▶ **Your task**
The required output is a single number: how many lines of the material contain the string "code".
(Given entries)
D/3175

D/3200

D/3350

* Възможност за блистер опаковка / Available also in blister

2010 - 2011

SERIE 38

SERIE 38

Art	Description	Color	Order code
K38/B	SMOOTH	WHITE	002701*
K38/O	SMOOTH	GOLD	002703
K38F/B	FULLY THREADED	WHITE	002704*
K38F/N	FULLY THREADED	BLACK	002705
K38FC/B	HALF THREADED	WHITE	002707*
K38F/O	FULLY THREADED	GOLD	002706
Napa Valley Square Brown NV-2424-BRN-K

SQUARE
(End Given entries)
(Given entries)
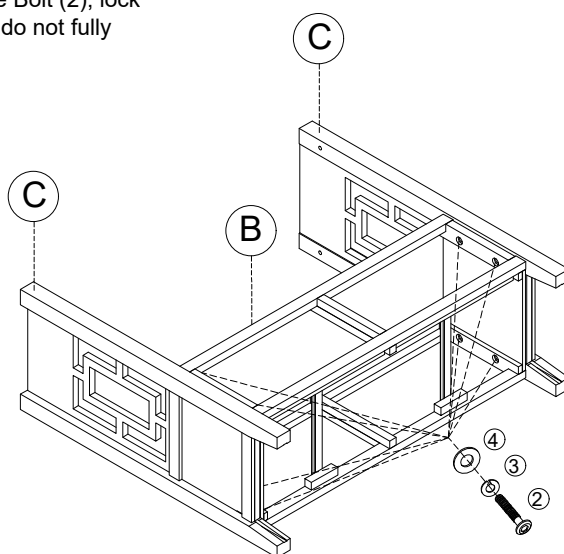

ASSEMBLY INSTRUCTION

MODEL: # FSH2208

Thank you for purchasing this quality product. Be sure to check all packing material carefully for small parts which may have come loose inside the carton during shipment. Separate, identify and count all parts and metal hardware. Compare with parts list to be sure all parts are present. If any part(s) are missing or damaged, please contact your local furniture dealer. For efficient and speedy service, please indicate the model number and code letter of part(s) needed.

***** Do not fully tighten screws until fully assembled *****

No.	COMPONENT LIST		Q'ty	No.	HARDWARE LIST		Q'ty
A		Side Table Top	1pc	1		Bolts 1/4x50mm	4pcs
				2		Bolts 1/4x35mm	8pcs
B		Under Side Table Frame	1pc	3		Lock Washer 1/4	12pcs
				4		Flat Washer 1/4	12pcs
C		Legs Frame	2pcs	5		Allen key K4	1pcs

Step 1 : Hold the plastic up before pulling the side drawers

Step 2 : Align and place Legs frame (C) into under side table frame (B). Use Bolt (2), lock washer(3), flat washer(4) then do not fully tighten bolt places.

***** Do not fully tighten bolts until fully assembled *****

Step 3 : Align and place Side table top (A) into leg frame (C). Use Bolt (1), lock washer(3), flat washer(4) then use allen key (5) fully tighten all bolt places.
(End Given entries)
▶ **Exercise result**
2